Enterprises today have vast amounts of unstructured data scattered across numerous environments.

The “dirty secret,” according to Unstructred.io founder and CEO Bryan Raymond, is that data scientists are often still processing all that data exactly as they were doing 20 years ago, typically by manually building pre-processing guidelines.

“Data scientists hate pre-processing,” he told the audience at VentureBeat Transform 2023. “It’s like going to the dentist.”

Unstructured.io, which uses natural language to transform data from its raw form to learning-ready, was selected as Most Likely to Succeed at the Innovation Showcase at VentureBeat Transform 2023.

Connecting data to LLMs

Raymond described his company’s platform as an ETL — extract, transform and load — for large language models (LLMs).

“We like to think of ourselves as top of tunnel,” he said.

Unstructured.io connects data to LLMs and uses a variety of technologies — including computer vision, natural language processing (NLP) and Python scripts — to extract complexity.

The unstructured data is curated, cleaned of artifacts and made LLM-ready, Raymond explained. This is a simpler and faster strategy and data scientists don’t have to write hundreds of lines of parsing code.

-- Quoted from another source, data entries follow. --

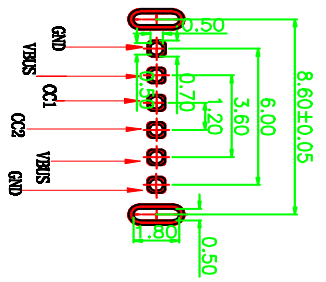

REV.	DESCRIPTION	DATE	NAME	DATE
A0				2017-02-24

B12	GND
B9	VBUS
B5	CC2
A5	CC1
A9	VBUS
A12	GND
PIN	SIGNAL NAME

RECOMMENDED P.C.B. LAYOUT
TOLERANCE UNSPECIFIED ±0.05mm

注意：
1. 材料：LCP UL94 V-0
触点：铜合金。
最小接触面积要求，0.5mm²
焊料区的最小尺寸（无特），
零件：SUS304-F/DI，T=0.30±0.00mm
50μm² 接触。
2. 表面处理：
插入：5*20μm。
表面：电镀后8*20μm。
耐久性：5000次循环
3. 电气：
电压：VBUS为3.6V
接地引脚为1.25A
其他0.25A。
电压：最大20 V
耐压：100V AC R.L.S.
接触电阻：最大40mΩ。
绝缘电阻：最小100MΩ。
4. 不发
温度范围-25° C~+85° C

Table:

成品料号	零件名称	零件料号	材料 / 电镀
TX	端子	NO PLATING	
	焊接材料	Sn 80~200μm	
	焊料	电镀材料厚度。	

深圳市金航标电子有限公司
KH-TYPE-C-L15-6P
0755-83044319
WWW.BDS666.COM

CONNECTOR
TITLE: ISO TYPE C 6PIN 直插15.0

X: ±0.35	X': ±1.5'	INTENDED USE:	PART NO.:
XX: ±0.25	XX': ±1.0'	CONNECTOR	DEVL. NO.:
XXX: ±0.20	XXX': ±0.5'	APPR.:	SCALE: 1:1
DATE:	SEE NOTES	CHGD.:	PAGE: 1/1
DESIGNER:		DATE:	REV.:
		UNIT: mm	REV.:
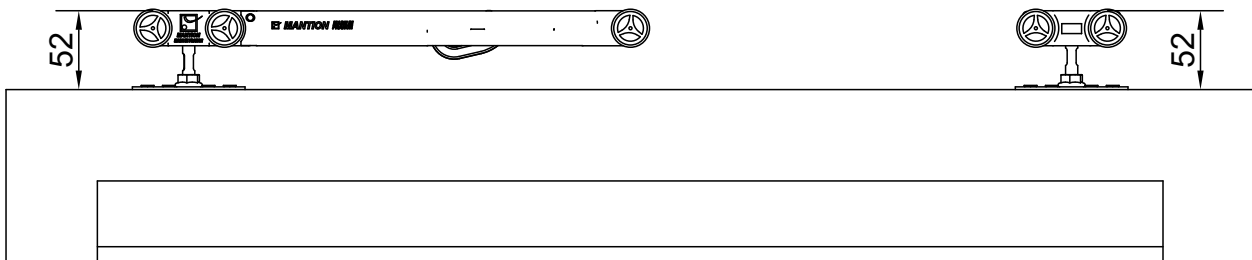

1.c

NM_WINSL_040
NM_WINSL_041
→ **2.a**
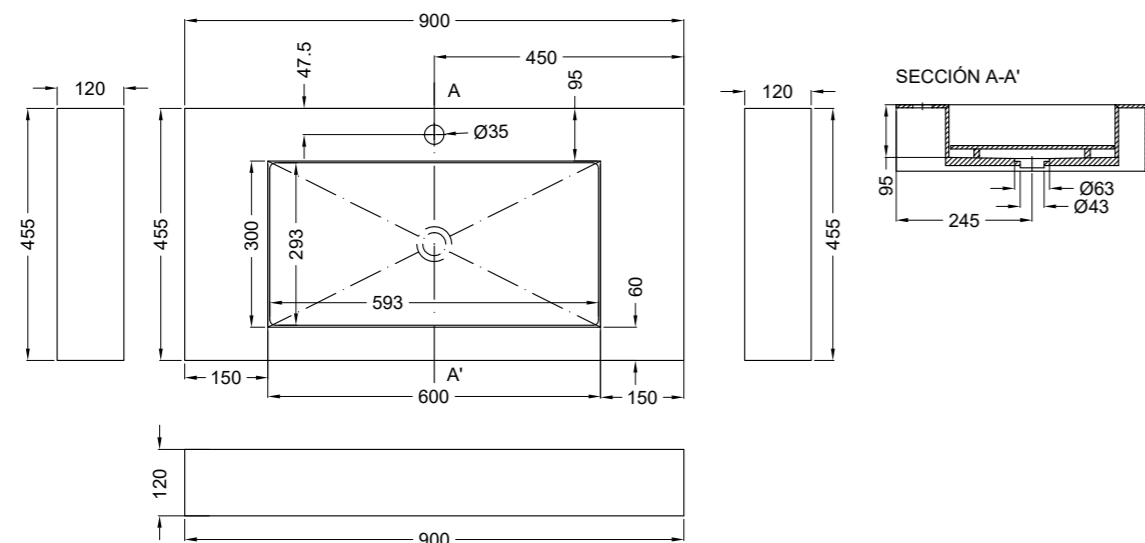

Lavabo integrado 90 seno recto C
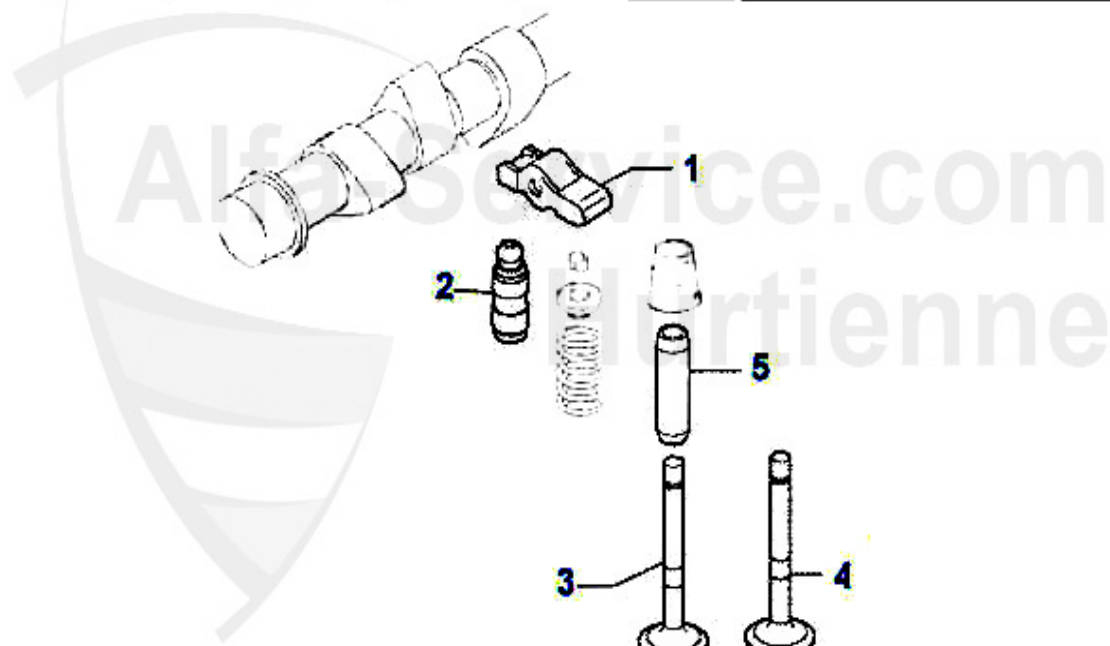

Ventiltrieb/Valve Train 156 2.4 JTD 20V

1	KH64765	Culbuteur 147,156,166,Nuovo GT JTD 16/20V	10.67 EUR
2	HST67972	Poussoir 147,156,166,Nuovo GT JTD 16/20V	35.11 EUR
3	VE95535	Soupape admission 147,156,166 Nuovo GT JTD 16/20V	18.98 EUR
4	VA87902	Soupape éch. 147,156,166, Nuovo GT JTD 16/20V	20.00 EUR
5	VFEA86786	Guide soupape adm./éch. 147,156,166, Nuovo GT JTD 16/20	13.34 EUR
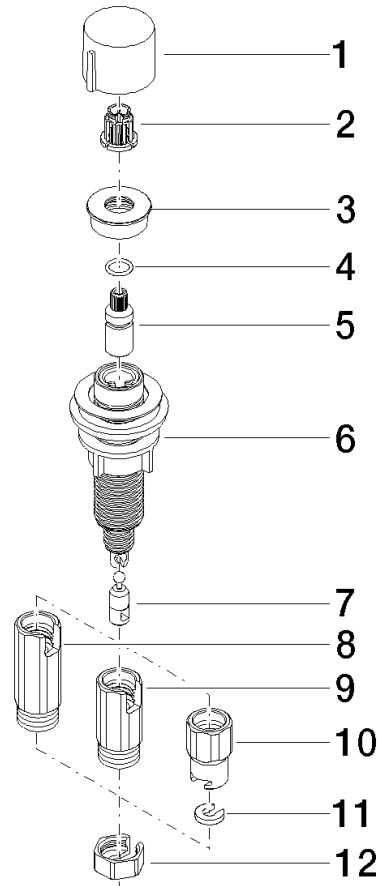

10 712 970

- commande pour un bac
- avec adaptateur pour câble Bowden

S'adapte aux gammes suivantes: ELIO, ENO, MEM, META SQUARE, SYNC et TARA ULTRA

S'adapte aux gammes suivantes : ELIO, MEM, ENO, SYNC, TARA ULTRA, META SQUARE

	Noir mat	10 712 970-33
	Chrome	10 712 970-00
	Platine brossé	10 712 970-06
	Platine	10 712 970-08
	Laiton (Or 23cts)	10 712 970-09
	Dark Chrome	10 712 970-19
	Laiton brossé (Or 23cts)	10 712 970-28
	Champagne brossé (Or 22cts)	10 712 970-46
	Champagne (Or 22cts)	10 712 970-47
	Chrome brossé	10 712 970-93
	Dark Platinum brossé	10 712 970-99

10 712 970

mm [inches]

10 712 970

Les pièces pour les autres finitions peuvent être trouvées ici : Chrome

Liste des pièces de rechange

N°	Article Numéro	Désignation	Fréquence de montage	Délai de livraison
1	09 20 97 030-33	poignée	1	2
2	90 12 12 002 00 90	douille d'enclenchement	1	2
3	09 27 87 011-33	rosace	1	2
4	09 14 10 042 90	joint	1	2
5	09 29 06 087-33	tige	1	-
La pièce de rechange ne peut plus être commandée, veuillez commander l'article de remplacement				
6	04 30 01 029 00 90	adaptateur	1	2
7	09 24 03 175 90	adaptateur	1	2
8	09 11 10 073-07	raccord	1	30
9	09 11 10 074-07	raccord	1	30
10	09 11 10 079-07	raccord	1	30
11	09 30 11 087 90	rondelle	1	2
12	09 23 30 024-07	écrou	1	30

Clean, structured data can be elusive

The tool’s enterprise API enables browser workflows for all types of developers, and supports pre-processing of more than 25 file types and thousands of formats in more than 100 languages, said Raymond. It is available as a free API, as a Google Colab notebook and on GitHub, where its library provides open-source components for pre-processing text documents such as PDFs, HTML and Word documents.

Raymond said he came up with the idea for the company after being “stuck in data engineering hell” at a previous employer. Just getting clean, structured data took years, he said.

Unstructured.io was founded in 2022 and the company is now “hard at work” on enterprise-grade data connectors that are resistant to interruptions and can detect new file versions and easily parallelize, said Raymond. The company currently has 15 data connectors, and plans to increase to more than 30.

The Innovation Showcase at this year’s VentureBeat Transform highlighted 10 unique companies in the generative AI, machine learning (ML) and analytics spaces. The three winners were Unstructured.io, Arize AI (Best Technology) and Skyflow (Best Presentation Style), along with seven Honorable Mentions.